1. Ping Pong – Sameach (Israel 2000)

This dance track–whose title “Sameach” means “happy”–caused a great deal of controversy when it was performed in 2000. The group PingPong opened the show in Stockholm, Sweden, and placed twenty-second overall. Before the show, the Israeli public was deeply dissatisfied with it; it was regarded as a joke entry and beat out a more popular song in the national selection. The performers displayed the flag of Syria onstage alongside the flag of Israel and were ultimately forced to cover their own travel expenses as punishment from the broadcaster. Choreographer Eytan Fox said of this decision, “we would like to have peace with Arab countries. We represent a new kind of Israeli who wants to be normal and have peace. We want to have fun and not go to war, but the right wing is not happy about that message.”
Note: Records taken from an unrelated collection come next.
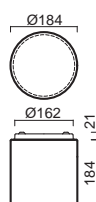

ALKOR 1

Ø 104mm
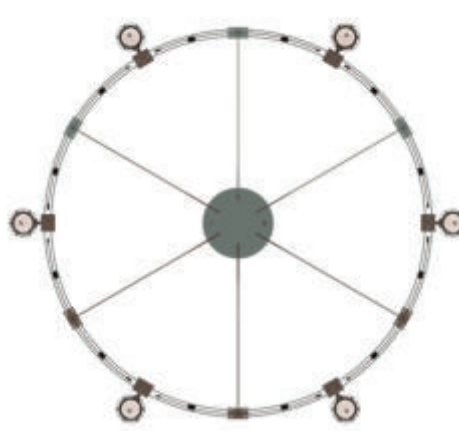

Top Line Crown

Ein Kronleuchter nach Maß und nach Ihren Anforderungen. Kreieren Sie sich die Puk System Crown nach Ihren Wünschen und Bedürfnissen. Als LED oder Halogen Variante mit den Leuchtenköpfen der Puk oder Puk Maxx Serie. Hier nur einige Konfigurationsbeispiele.

A customized chandelier for every requirement. Create your own chandelier according to your needs. The Crown is equipped with the Puk and Puk Maxx heads in LED or Halogen. Here are just a few configuration examples.

Beispiele Systemführung & Konfiguration

Rail system & configuration examples

SYSTEM

Bei den Puk Leuchten werden zu dem Leuchtenkopf die Gläser/Linsen und optional die Farbfilter separat dazubestellt! Artikelnummern entnehmen Sie bitte den Equipment-Tabellen auf der Einklappseite.

With the Puk lamps, the glasses, lenses and optional the color filters are ordered separately. Please check the equipment lists on the fold-in page for item numbers.

C (s.S 6-7/s.p. 6-7)
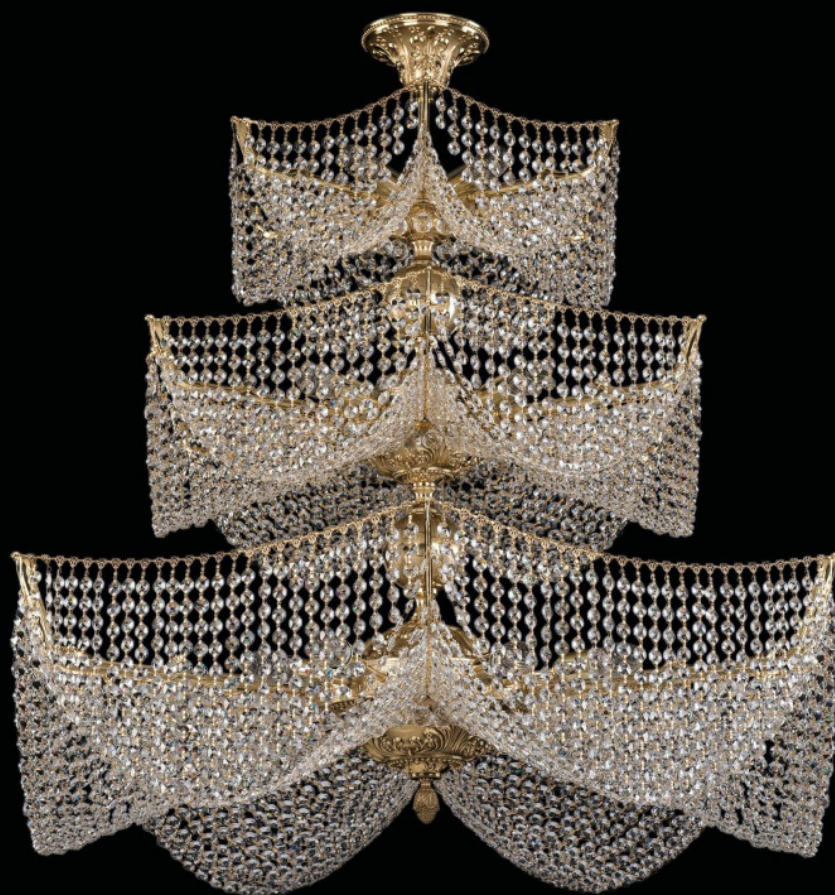

Люстра 77171/95/21/3d G Bohemia Ivele Crystal

BOHEMIA  CRYSTAL
IVELE

BOHEMIA  CRYSTAL
IVELE

Артикул: 77171/95/21/3d G

Производитель: Bohemia Ivele Crystal

Вид изделия: Люстра

Диаметр: 95 см

Высота: 92 см

Количество ламп: 21

Серия: 7717

Тип изделия: Потолочные

Материал рожка: Металл

Цвет арматуры: Золото/

Форма подвеса: Капля

Цвет подвеса: Прозрачный
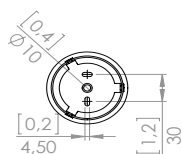

Source

Light source not included recommended

Certaines dimensions peuvent varier légèrement en raison des tolérances de fabrication, y compris l'entrée de câble et les trous de fixation. Ampoule non fournie. Produit disponible pour des marchés spécifiques. Longueurs de câble variées sur demande.

Some dimensions may vary slightly due to manufacturing tolerances, this includes cable entry and fixing holes. Bulb not supplied. This product is available for specific markets. Longer cable lengths are available on request.
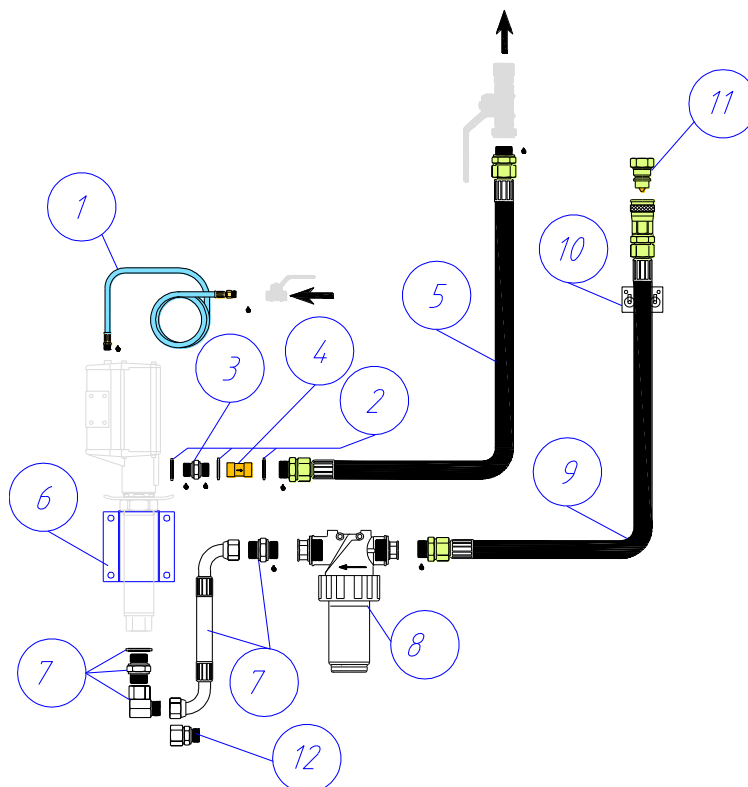

För väggmonterad spilloljepump.
For wall mounted waste oil pump.
För pumpar: 22800, 22802 och 22875
For pumps: 22800, 22802 och 22875

☰ = Tätningmedel / sealing

Pos	Description	Quantity	Part No	Remark
1	Luftslang / Air hose 1500mm, 1/4"	1	48101	
2	Gummi- stålbricka / Rubber steel washer GB-R3/4	3	10103544	
3	Anslutningsnippel / Adapter 0101-12	1	25102008	
4	Backventil / Check valve 3/4"	1	28295	
5	Utloppsslang / Outlet hose 1500mm, 3/4"	1	28079	
6	Väggkonsol / Wall bracket	1	28524	
7	Installations sats filter/ Installation kit filter	1	2490172	Consists of / består av 25102440 25102065 20102008 2390170 10103544 10103517
8	Spilloljefilter / Filter 1/4"	1	29300	
9	Sugslang / Suction hose	1	28283	
10	Upphångningskrok / suspension hook	1	28325	
11	Snabbkopplings nippel / Quick Coupling male Nipple TEMA7520	1	35101273	
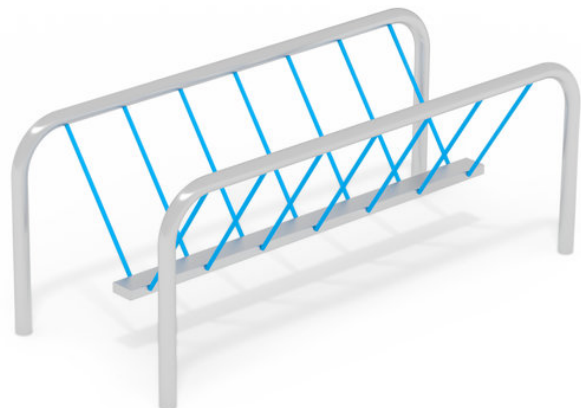

4 h

1,30 m

5,80 x 8,30 m

VOOR DE KLEINSTE TOUWBRUG V18008

EAN : 8595655818008

17.0 m²

100 m

3+
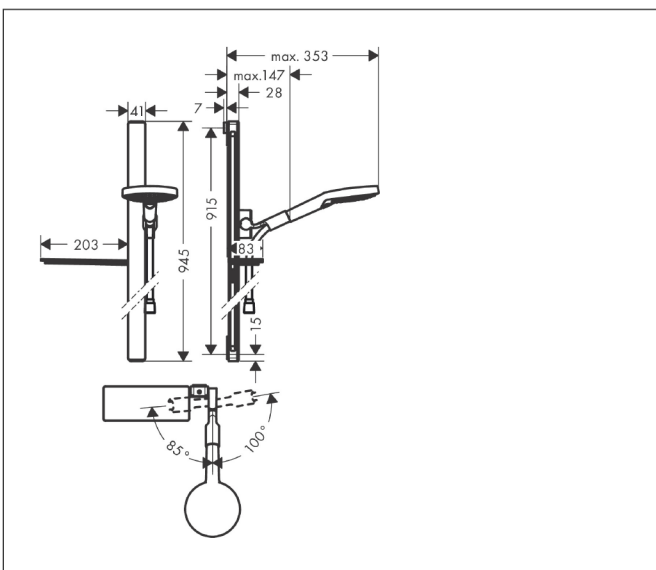

Márka	hansgrohe
Cikk neve	<b>Raindance Select S</b> Zuhanyzett 120 3jet 90 cm-es zuhanyrúddal és szappantartóval
Cikkszám	27648400
felület	Fehér/Króm

## Sajátosságok

- tartalmazza a következőket: kézi zuhany, zuhanycső, zuhanytömlő, csúszka, polc
- fejszuhany mérete: 125 mm
- vízsugár fajta: Rain, RainAir, Whirl
- praktikus vízsugárválasztás a Select gombbal
- QuickClean: A vízkőlerakódásokat egyszerűen ledörzsölheti az ujjával
- polc felülete: fehér
- polc biztonsági üvegből
- dőlésszöge 90°-kal állítható, balra és jobbra, valamint felfelé és lefelé elfordítható
- maximális átfolyási mennyiség 3 bar mellett: 15 l/perc
- funkció: 8,8 l/perc
- műanyag fali tartó
- fali tartófogantyú típusa: lapos alumínium profil, biztonsági üveg felülettel
- felület: fehér
- zuhanytartó rúd: szögletes
- csőhossz: 945 mm
- 41 mm széles rúd
- fúrési távolság
- zuhanyoldali gömbcsukló a zuhanytömlő kellemetlen elfordulása ellen

### Beépítési példák

**i** A méretek a gyártási folyamattal kapcsolatos kerámia tűrések miatt változhatnak.
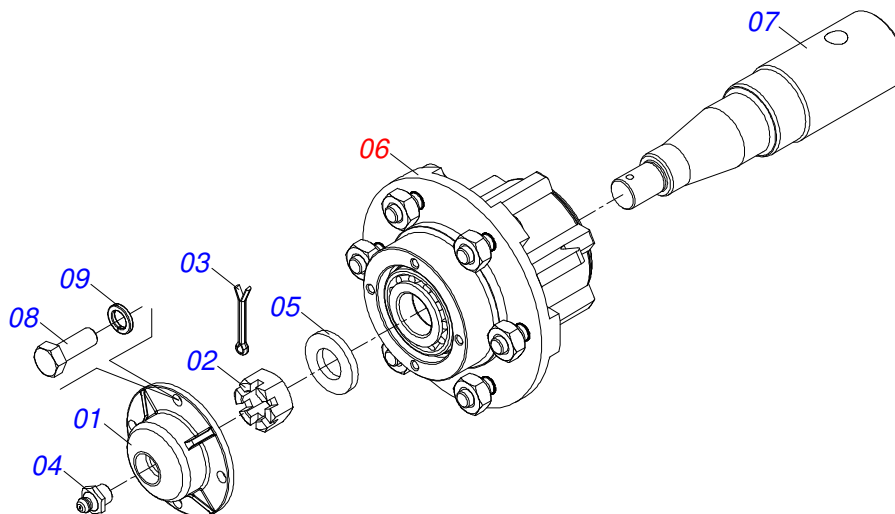

Item	Código	Descrição	Ver Pág.	QT
01	0502020591	TAMPA PROTETORA		01
02	0503030009	PORCA CASTELO 1 UNS 14 FPP X 22		01
03	0503010018	CONTRAPINO 5/32" X 1.1/2"		01
04	0503010002	GRAXEIRA 1800		01
05	0501016545	ARRUELA LISA 26 X 50 X 6,30		01
06	0501051142	CAIXA RODADO COM ROLAMENTO	17	01
07	0581016297	PONTA EIXO 63,50 X 270 GDFM		01
08	0503010178	PARAFUSO 5/16 UNC X 7/8 CS G.2 ZN		04
09	0503010179	ARRUELA PRESSAO 5/16 ZN 1K01528		04
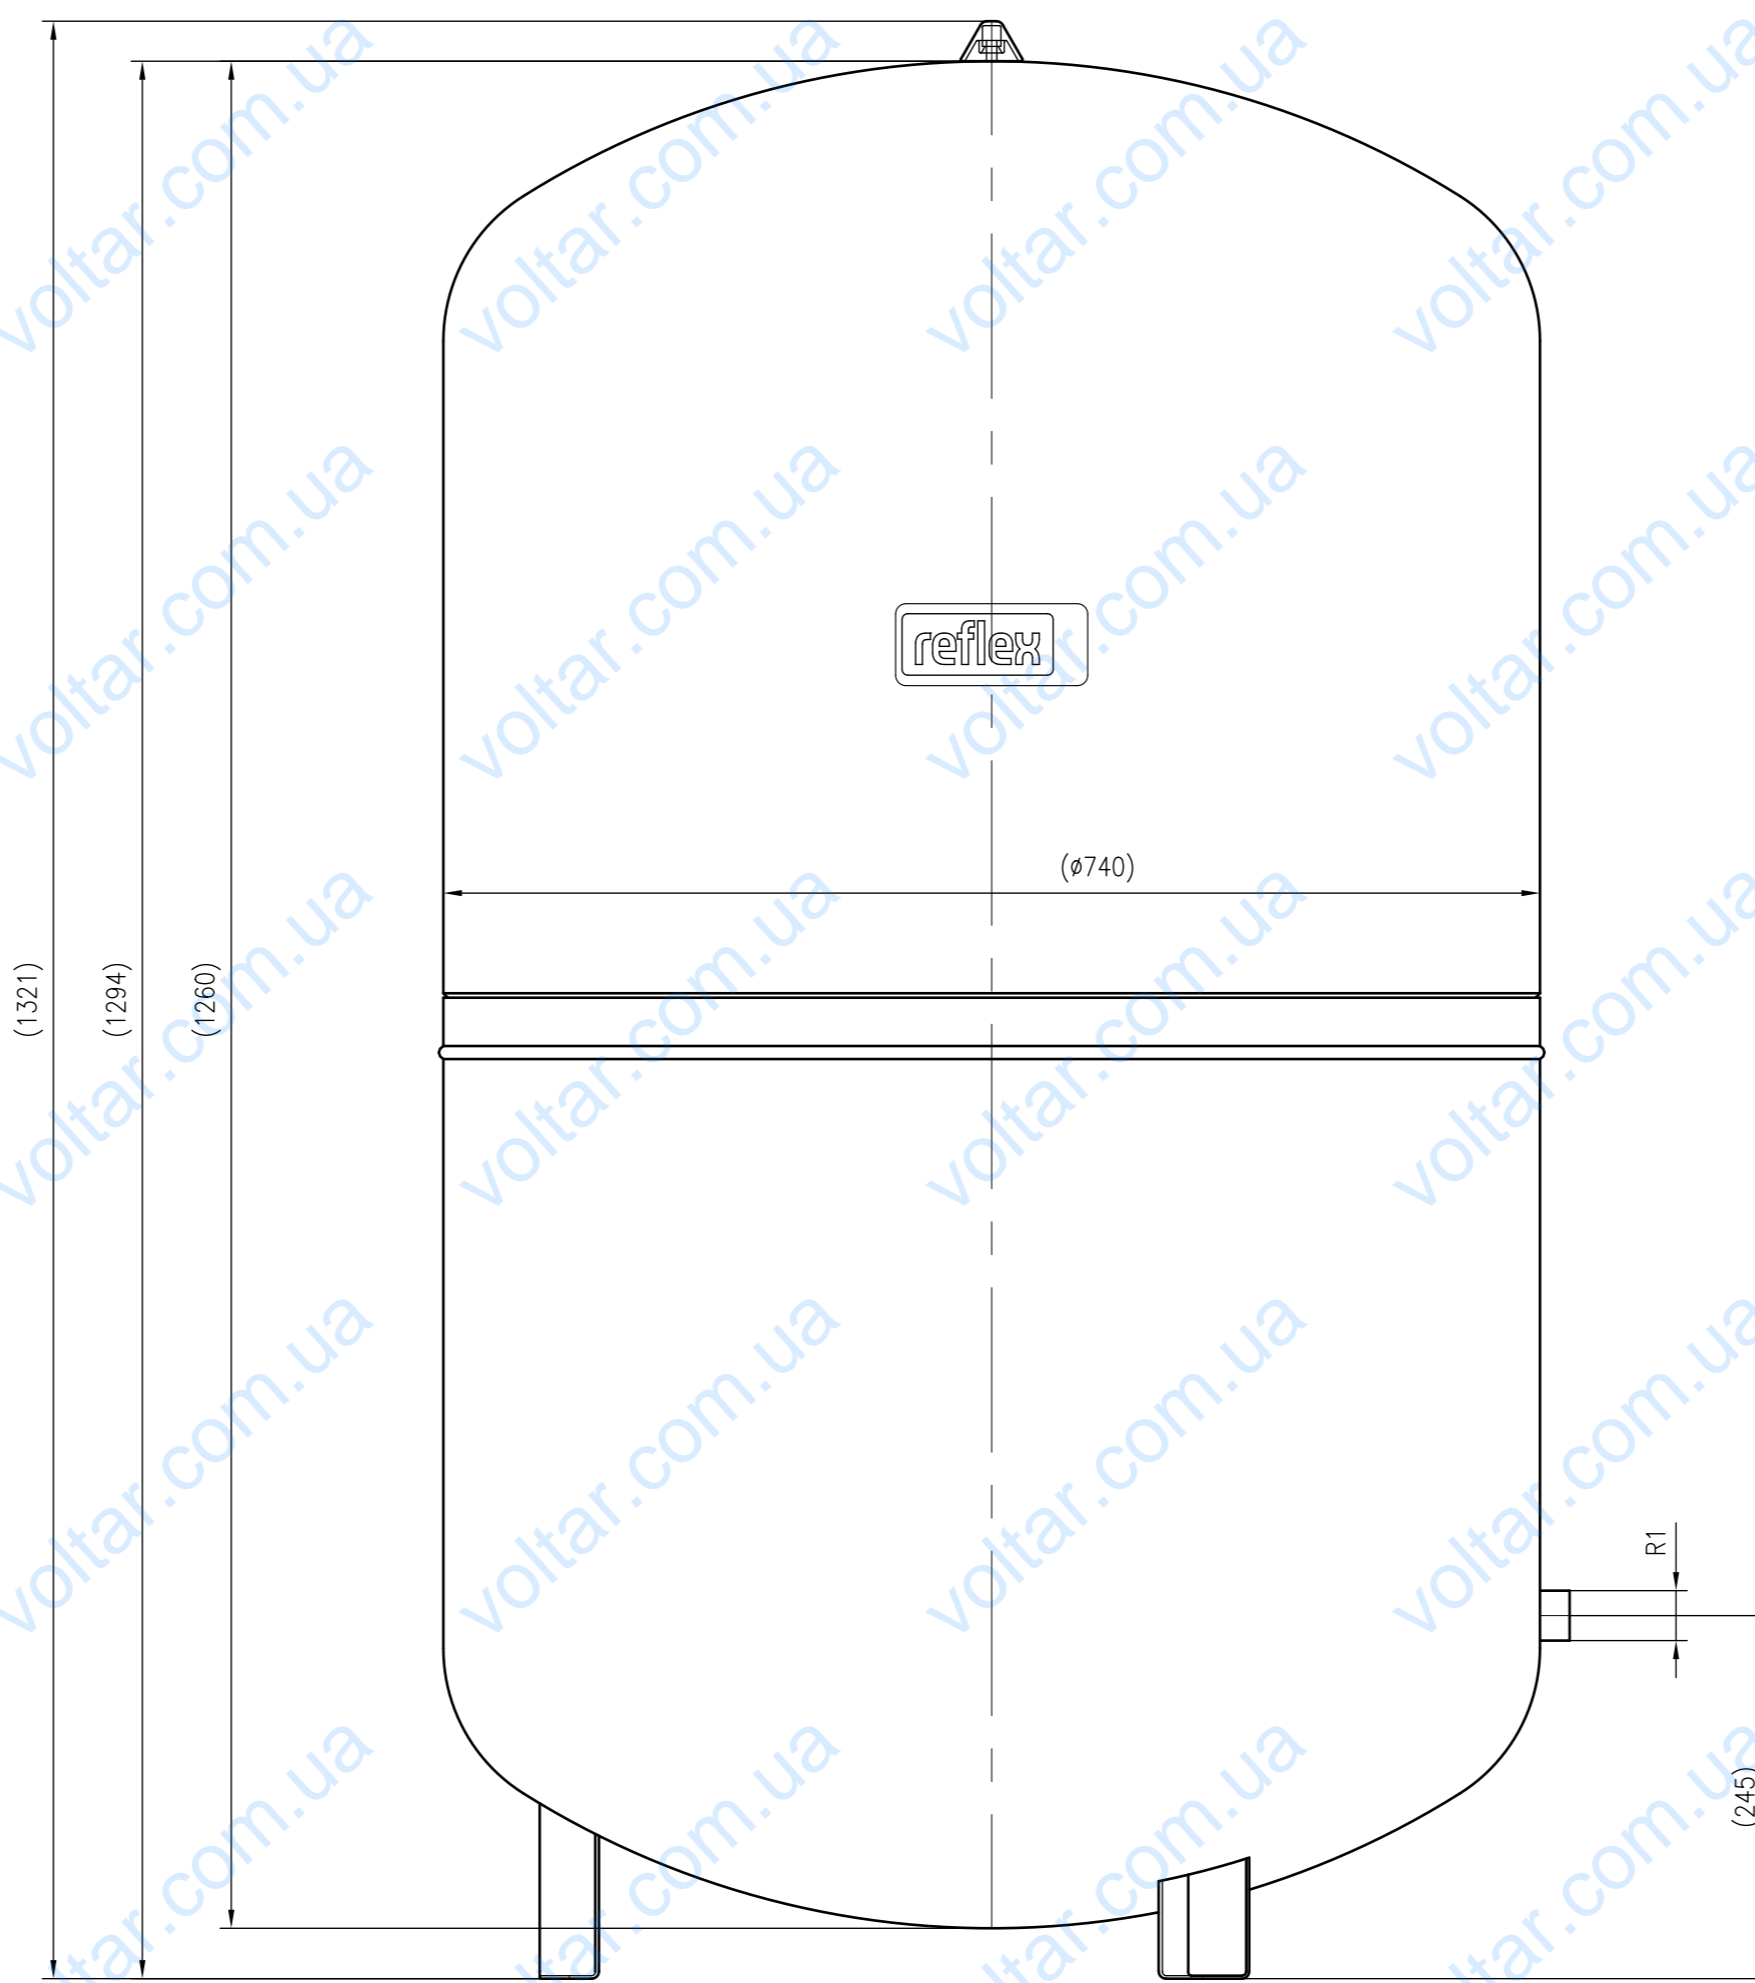

Side view

Front view

Isometric view

Top view

Unterliegt nicht dem Änderungsdienst/ Not subject to change management		Maßstab/ Scale: 1:5	Format/ Size: A1
Revision 29.02.2016	Reflex S500 10bar gray – 8219100		
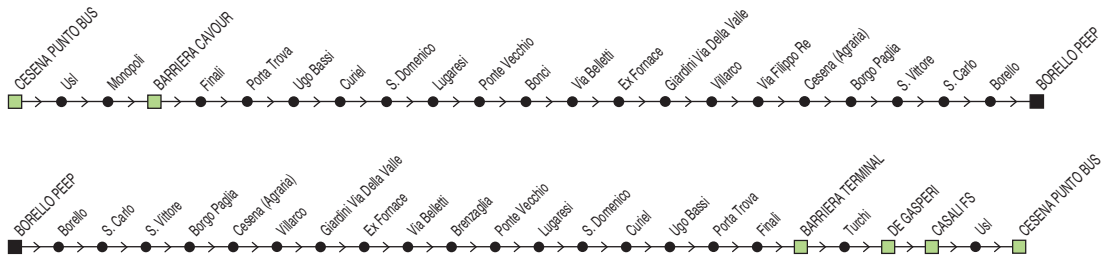

@ = non si effettua il Sabato

§ = solo nei gg. di Scuola

Linea 93

Cesena Punto Bus ↔ Borello PEEP

† FESTIVO

Zona	Località						Zona	Località					
880	Cesena Punto Bus	07:35	09:35	12:35	15:35	18:35	881	Borello Peep	08:40	10:10	13:10	16:10	19:10
880	Barriera Cavour	07:40	09:40	12:40	15:40	18:40	881	Borello	08:42	10:12	13:12	16:12	19:12
880	S. Domenico	07:44	09:44	12:44	15:44	18:44	881	S. Carlo	08:49	10:19	13:19	16:19	19:19
880	Borgo Paglia	07:51	09:51	12:51	15:51	18:51	880	S. Vittore	08:53	10:23	13:23	16:23	19:23
880	S. Vittore	07:56	09:56	12:56	15:56	18:56	880	Borgo Paglia	08:57	10:27	13:27	16:27	19:27
881	S. Carlo	08:00	10:00	13:00	16:00	19:00	880	S. Domenico	09:04	10:34	13:34	16:34	19:34
881	Borello	08:09	10:09	13:09	16:09	19:09	880	Barriera Terminal	09:08	10:38	13:38	16:38	19:38
881	Borello Peep	08:10	10:10	13:10	16:10	19:10	880	Cesena Punto Bus	09:13	10:43	13:43	16:43	19:43

2. Kølig Kaj – Stemmen i mit liv (Denmark 1997)

The only song on this list actually from the 1990s–Eurovision tends to be a little behind the times–heavily features rap elements and takes a midtempo hip-hop approach. At the time, rap in Eurovision was still relatively new; it had only been tried once before, in 1995. This entry was therefore regarded as a bit of a risk. However, “Stemmen i mit liv” (which translates to something like “the voice of my life”) outperformed its betting odds, ultimately placing 16th on the night.

3. Skamp – You Got Style (Lithuania 2001)

Skamp’s performance was the highest Lithuania had ever placed at Eurovision at that time, placing thirteenth. Some fun facts: “You Got Style” absolutely swept the Lithuanian national final, gaining over 60% of the vote, and Skamp’s guitarist went on to become a member of LT United, who represented Lithuania in 2006 with “We are the Winners”. While it might seem dated, this is one of my favorite songs from Eurovision 2001!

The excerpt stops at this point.